» **Task to carry out**: Please print exactly the line containing "CM W95 D100 H87" and every line after it to the end of the records below, and nothing more.

START Supplied material

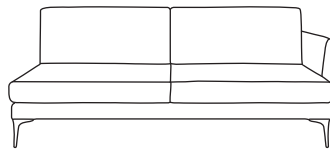

Love Seat  
CM W131 D100 H87

Lomond	Orgin	Mustang	Chelsea/Capri
€1,980	€1,980	€2,280	€2,320

Armchair  
CM W95 D100 H87

Lomond	Orgin	Mustang	Chelsea/Capri
€1,690	€1,690	€2,005	€2,015

Three Seater One Arm LHF or RHF  
CM W191 D100 H87

END Supplied material

» **Written solution**:
CM W95 D100 H87

Lomond	Orgin	Mustang	Chelsea/Capri
€1,690	€1,690	€2,005	€2,015

Three Seater One Arm LHF or RHF  
CM W191 D100 H87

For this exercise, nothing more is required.